# Question about cutting a threaded steerer tube...



## bismo37 (Mar 22, 2002)

I'm thinking I'd like to switch out my current threaded steel fork with a chromed steel fork. The only problem is that the chromed fork is too long... Is it relatively safe to cut the steerer tube and have the LBS rethread the new-cut end? 
Do they butt steerer tubes such that cutting and rethreading may cause problems?
I'm guessing the fork is likely Columbus SLX.

thanks


----------



## laffeaux (Dec 12, 2001)

Any butting in the steer tube is done on the other end. (at the legs). It should work fine. I've cut several threaded steerer down to a "better" length.


----------



## TurboTurtle (Feb 4, 2004)

laffeaux said:


> Any butting in the steer tube is done on the other end. (at the legs). It should work fine. I've cut several threaded steerer down to a "better" length.


Except that if the threaded part is chromed also, they will not be able to rethread it. The chrome is just too hard. - TF


----------



## tarwheel2 (Jul 7, 2005)

If the steerer is not much too long, you also can put spacers in the headset to make it fit. Not a great option if you like your bars low, but the spacers can provide you much more versatility with regards to stem choices. Personally I prefer forks with some extra length in the steerer tube for that reason.


----------



## wasfast (Feb 3, 2004)

One trick is to thread on the top part of the headset (with the wrench flats on it) BEFORE you cut the steerer. Spin it down further than where you'll cut. If using a hacksaw, it's easy to have the blade wander off at an angle. Don't go 100% from one side. Cut until you're inside the tube and start working your way around, alternating sides and checking your progress constantly.

File the end smooth then back off the "previously attached" headset part. It will straighten out the small portion of thread on it's way off.

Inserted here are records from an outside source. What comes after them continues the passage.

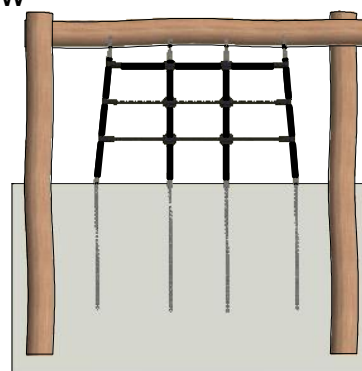

Navn:	Stativ m 2 skrånet
Varenummer:	RN2110
Sikkerhedsareal:	450 x 480 cm
Sikkerhedsareal m <sup>2</sup> :	20 m <sup>2</sup>
Total højde:	95 cm
Faldhøjde:	95 cm
Samlet vægt:	98 kg
Største enkelt del:	180 cm
Vægt på største enkelt del:	29 kg
Matrialebeskrivelse:	Download
Garantibestemmelser:	Download
Monteringstid:	8 timer
Aldersgruppe:	+3 år
Normer:	DS / EN1176

Frontview

Sideview

Topview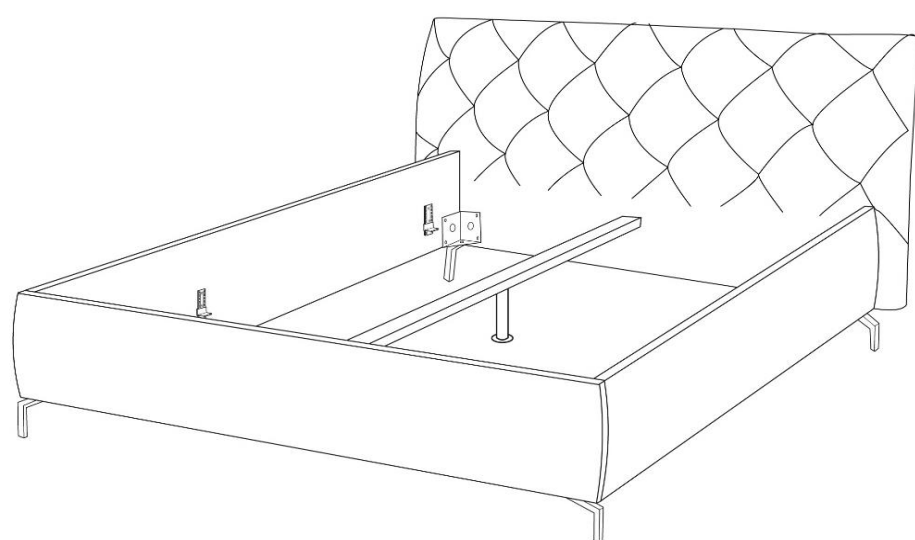

Longlife by 3C Care

Aufbau und Bestellhinweise

- Kopfteil:** Standardausführung hinten unecht mit Spannstoff bezogen.
Gegen Aufpreis von hinten in Echtbezug möglich.
Aus ergonomisch geformtem PUR-Schaumstoff. Abdeckung aus Wattevlies. Weicher, lockerer Polsteraufbau, bei dem eine modellbedingte oder gestalterisch gewünschte Wellenbildung der Bezüge warentypisch ist.
- Fuß- & Seitenteil:** In Hussenverarbeitung, Befestigung durch Klett, Hussen sind nicht waschbar
Standardausführung mit einer Husse in glatter Optik.
Gegen Aufpreis mit einer Husse in Biesen Optik möglich.
Tragende Teile des Gestells aus Massivholz und Holzwerkstoffen, Fläche mit Polserpappe verblendet.
Das Fuß- & Seitenteil kann in zwei verschiedenen Höhen (Style 18cm & Basic 25cm) bestellt werden.
- Seitenlänge:** Standardausführung in der Länge 200 cm.
Gegen Aufpreis mit einer Überlänge von 220 cm möglich
- Dekostoff** Das Modell kann in Dekostoff bestellt werden. Diese werden nicht auf Rapport verarbeitet.
Die Preise entnehmen Sie bitte der PG 6 bzw. der PG 10.
- Sonstiges:** Alle Betten werden mit einem Mittelsteg ausgeliefert.
Die Betten werden in zwei Collis ausgeliefert. Colli 1: Kopfteil / Colli 2: Fuß- und Seitenteil
- Polsterbett ohne Federholzrahmen und Matratze
Alle verwendeten Materialien entsprechen den Anforderungen der DGM laut RAL GZ 430.
- Alle in der Preisliste genannten Werte sind ca. Maße in Zentimeter, ermittelt nach üblicher Messmethode (s. RAL-GZ 430) und im unbenutzten Neuzustand.
Änderungen in Form, Farbe und Konstruktion im Rahmen des technischen Fortschritts behalten wir uns vor.
- Nahtverteilung:** Die Nahtverteilung kann bei Stoff-oder Lederverarbeitung unterschiedlich ausfallen.
Die Verarbeitung von Zier-, Kapp- oder Doppelnähten kann in den Stoff- oder Ledervarianten unterschiedlich ausfallen.

The problem with having a shop use a die to cut the threads afterward is that the damaged threads are exactly where they need to get the die started and it's very difficult to do. If there isn't enough threads down the steerer, then cut the new threads BEFORE you cut the steerer.


----------



## curlybike (Jan 23, 2002)

*Problem is*



jeebus said:


> I'm thinking I'd like to switch out my current threaded steel fork with a chromed steel fork. The only problem is that the chromed fork is too long... Is it relatively safe to cut the steerer tube and have the LBS rethread the new-cut end?
> Do they butt steerer tubes such that cutting and rethreading may cause problems?
> I'm guessing the fork is likely Columbus SLX.
> 
> thanks


Most shops have a die that is only good for cleaning up existing threads on the steerer. Their dies are not capable of cutting new threads on a steerer. Unfortunately, many of them are not aware of this situation and will tell you that they think they can do it. Get the threads cut before doing any other alterations on the fork. Frequently the chrome on the fork does not go all the way up the steerer, so if this is the case, the cutting tools will not be damaged by the chrome. Insure that the fork has the proper crown race size for your application!

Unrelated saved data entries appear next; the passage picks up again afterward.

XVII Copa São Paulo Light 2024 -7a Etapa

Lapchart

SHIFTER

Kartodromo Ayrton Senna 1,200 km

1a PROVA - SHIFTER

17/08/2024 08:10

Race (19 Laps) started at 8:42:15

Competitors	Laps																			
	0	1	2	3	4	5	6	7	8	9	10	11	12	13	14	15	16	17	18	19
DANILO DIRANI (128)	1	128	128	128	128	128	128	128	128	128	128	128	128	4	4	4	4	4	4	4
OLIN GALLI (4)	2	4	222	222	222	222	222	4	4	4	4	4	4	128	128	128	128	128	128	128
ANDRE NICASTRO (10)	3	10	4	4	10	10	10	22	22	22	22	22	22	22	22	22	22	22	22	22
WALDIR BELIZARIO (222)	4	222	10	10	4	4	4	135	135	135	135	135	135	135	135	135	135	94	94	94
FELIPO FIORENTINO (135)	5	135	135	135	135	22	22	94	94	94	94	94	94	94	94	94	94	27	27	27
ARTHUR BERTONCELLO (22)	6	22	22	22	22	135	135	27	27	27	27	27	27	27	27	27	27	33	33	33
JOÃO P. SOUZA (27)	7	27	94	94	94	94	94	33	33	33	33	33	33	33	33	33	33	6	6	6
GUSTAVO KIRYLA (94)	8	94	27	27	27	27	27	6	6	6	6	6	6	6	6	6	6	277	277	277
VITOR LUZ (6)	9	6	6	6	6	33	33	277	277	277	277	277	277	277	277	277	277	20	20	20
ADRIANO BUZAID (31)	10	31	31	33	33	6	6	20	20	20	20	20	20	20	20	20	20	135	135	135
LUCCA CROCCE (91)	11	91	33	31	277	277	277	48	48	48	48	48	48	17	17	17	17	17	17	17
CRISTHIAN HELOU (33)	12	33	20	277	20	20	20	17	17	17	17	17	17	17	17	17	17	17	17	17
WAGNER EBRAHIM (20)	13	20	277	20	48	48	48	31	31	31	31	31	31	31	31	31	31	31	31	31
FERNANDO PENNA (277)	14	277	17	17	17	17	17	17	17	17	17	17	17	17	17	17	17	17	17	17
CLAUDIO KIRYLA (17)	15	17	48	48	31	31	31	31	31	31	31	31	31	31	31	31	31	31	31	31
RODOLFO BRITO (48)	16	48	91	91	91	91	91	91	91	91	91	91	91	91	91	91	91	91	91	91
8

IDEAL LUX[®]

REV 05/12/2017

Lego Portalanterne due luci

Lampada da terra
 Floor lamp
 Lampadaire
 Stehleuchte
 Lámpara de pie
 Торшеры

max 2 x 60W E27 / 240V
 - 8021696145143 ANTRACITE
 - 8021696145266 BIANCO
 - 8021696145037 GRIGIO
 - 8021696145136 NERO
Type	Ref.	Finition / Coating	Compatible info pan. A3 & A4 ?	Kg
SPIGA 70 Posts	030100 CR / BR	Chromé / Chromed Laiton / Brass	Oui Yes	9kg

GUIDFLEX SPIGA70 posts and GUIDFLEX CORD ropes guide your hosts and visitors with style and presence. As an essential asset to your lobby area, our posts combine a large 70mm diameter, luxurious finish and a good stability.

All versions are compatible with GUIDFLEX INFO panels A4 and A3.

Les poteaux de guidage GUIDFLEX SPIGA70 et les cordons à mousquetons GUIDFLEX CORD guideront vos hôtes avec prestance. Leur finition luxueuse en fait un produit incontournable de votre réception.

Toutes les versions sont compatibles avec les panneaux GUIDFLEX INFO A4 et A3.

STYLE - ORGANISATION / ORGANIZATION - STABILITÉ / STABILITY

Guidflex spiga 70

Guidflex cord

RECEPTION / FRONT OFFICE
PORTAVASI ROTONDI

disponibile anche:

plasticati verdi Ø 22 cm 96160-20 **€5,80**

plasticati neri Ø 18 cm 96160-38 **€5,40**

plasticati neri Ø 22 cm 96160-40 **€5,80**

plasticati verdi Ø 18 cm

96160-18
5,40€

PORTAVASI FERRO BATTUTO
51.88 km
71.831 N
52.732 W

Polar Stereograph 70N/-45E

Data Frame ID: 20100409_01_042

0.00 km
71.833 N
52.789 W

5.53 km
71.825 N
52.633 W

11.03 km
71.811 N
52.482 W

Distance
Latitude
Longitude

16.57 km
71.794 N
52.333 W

If the fork is to be used on a very small frame, the internal butting may be an issue. Frequently the bottom of the stem will run into the butted area and the tightening of the stem may be affected. You do not want the stem wedge working against a tapered surface, because it will come loose at a very bad time.


----------



## bismo37 (Mar 22, 2002)

The current fork is on a 54-ish cm frame. The replacement fork would be coming from a 58cm frame so there will be a few cm difference. Perhaps in cutting the excess off, I may find I still have enough threads to work with with no need to place new threads.


----------



## FatTireFred (Jan 31, 2005)

TurboTurtle said:


> Except that if the threaded part is chromed also, they will not be able to rethread it. The chrome is just too hard. - TF



how many chromed steerer tubes are out there???


----------



## TurboTurtle (Feb 4, 2004)

FatTireFred said:


> how many chromed steerer tubes are out there???


One that I know of. Couldn't thread it, so turned it into a threadless. - TF


----------



## refund!? (Oct 16, 2006)

Rather than take a chance have your LBS do the job. If it's a 1" steerer tube they'll likely have a threaded Park cutting guide to ensure it's cut straight and to chase the threads afterwards. Personally, I always screw the threader on to the streerer before I cut it down. Regardless, why fret over such an inexpensive, done-while-you-wait job.


----------